Things aren't quite as bleak as they are in Berkeley, but with the Pac 12's nine-game conference slate, you cannot simply schedule your way to a bowl the same way you can in, say, The Big Ten. Colorado is moving the needle in the right direction, but it might be another year or two before the Buffs are back in the postseason. 

Players to Watch:

Ty Montgomery, WR/KR, Stanford

Montgomery may be the best kick returner in college football, and his impact as a threat on offense cannot be overstated. As a receiver, he's one of the best in the Pac 12, but look for the Cardinal to utilize him more in the run game this year, whether it be on jet sweep options, or with him simply lining up in the backfield occasionally.

The multipurpose weapon has scary speed, and if David Shaw and his coaching staff can harness it, they could make up for a loss of play makers and shoot the Cardinal back into a major bowl, or better yet, the first College Football Playoff.

Tony Washington, OLB, Oregon

We've already discussed the fantastic quarterbacks throughout the conference, so it stands to reason that whichever team can rush the passer will have an added edge. Enter Washington, and undersized, but athletic pass rusher entering his senior season.

After piling up 7.5 sacks and 12 TFL last season, numbers similar to the best season from 1st round pick Dion Jordan, whom he replaced, the speedy Washington should serve as the perfect complement to massive end DeForrest Buckner (6'7'', 290 lbs) on the strong side. If Washington takes the next step and delivers double digit sacks, it could go a long way toward creating a championship defense in Eugene.

Conlin's Cameo

Jeremy knows far less about college football than he does pro football, which is saying something, because he's not that great with the NFL either. But he has decided to stop by to add his take on each of this year's conferences.
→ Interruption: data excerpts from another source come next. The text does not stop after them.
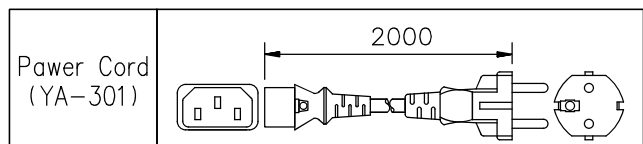

DESCRIPTION

The TOA WA-1830M-AS is a portable meeting amplifier that can accept up to two optional wireless tuner modules (WTU-4800).

SPECIFICATIONS

\* 0 dB = 1 V

Power Source	100-240 V AC, 50/60 Hz; DC : 12 V, 2.3 Ah ( Rechargeable Battery not included, Reference dimension battery :178 (W) × 60 (H) × 34 (D) mm)
Power Consumption	AC : 55 W (rated output), AC : 11 W (operation at EN60065)
Rated Output	AC : 30 W; DC : 10 W
Applicable Tuner Unit	WTU-4800 (Optional)
Frequency Response	50 Hz - 15 kHz, ±3 dB
Distortion	Under 5 % (rated output)
Input	Wired Mic : -45 dB*, 600 Ω, Unbalanced, 6.3 mm phone jack External Input : -20 dB*, 10 kΩ, Unbalanced, RCA jack
Output	External Speaker : 4 - 16 Ω/ over 30 W of rated input External Output : 0 dB*, 1 kΩ, Unbalanced, 6.3 mm phone jack
Other Feature	Internal or External Speaker selection switch
S/N Ratio	Over 60 dB (rated output)
Antenna	Built-in
Internal Speaker	2-way speaker system : 20 cm full-range speaker and tweeter
Mp3 player	Extension Type file is : MP3, WMA, WAV, AAC, FLAC. Max. supported storage size of the medium (stick) : 32GB. (FAT16/FAT32). Source : USB, SD/MMC, BLUETOOTH, FM, REC, AUX. We do not guarantee that its support all kinds of USB/SD.
Operating Temperature	-10 °C to +50 °C
Finish	ABS resin, Black
Dimensions	298 (W) × 460 (H) × 200 (D) mm
Weight	5.3 kg
Accessories	Power cord (YA-301) *1, Dust cover *1, Screw driver *1, Remote Control *1

APPEARANCE

Front View

Side View

Top View

Rear View

UNIT:mm SCALE:1/6

You can debate which conference is the strongest all you want, but the numbers don't lie. As Joe mentioned above, the Pac-12 posted more teams in the final computer rankings than the SEC did (to hell with the subjective Coaches Poll), and the Pac-12 finished with a better non-conference record than the SEC did. What Joe didn't mention is that the Pac-12 also outpaced the SEC in Simple Rating System (one of my pet favorite metrics that combines average scoring margin and strength of schedule). As it turns out, the Pac-12 actually played a tougher schedule than the SEC did last year - the average Pac-12 opponent was 7.01 points better than the nation's average, while the SEC's average opponent was only 5.91 points better. That tougher schedule bumped the Pac-12's SRS score up to +10.49, higher than the SEC's +10.43.

Will the Pac-12 be better than the SEC again this year? That's obviously impossible to predict with any certainty. But Oregon and Stanford will again be national powers. USC should bounce back due to an optimistic lack of Lane Kiffin. Arizona State is returning most of their offense. UCLA is returning most of theirs as well. Washington was a strong team last year and added one of the nation's best coaches, while Arizona (Rich Rodriguez) and Washington State (Mike Leach) both have coaches who have shown they can pilot major-bowl level teams when they have the right talent.

Only Cal and Colorado could be seen as pushovers, and they aren't any worse than Arkansas or Kentucky from the SEC (something tells me Arkansas and Kentucky were happy to play Samford, Louisiana-Lafayette, and Alabama State in non-conference play, as opposed to Ohio State and Northwestern like Cal did). The Pac-12 might not have the allure of the SEC, but from top to bottom, the conference is just as strong.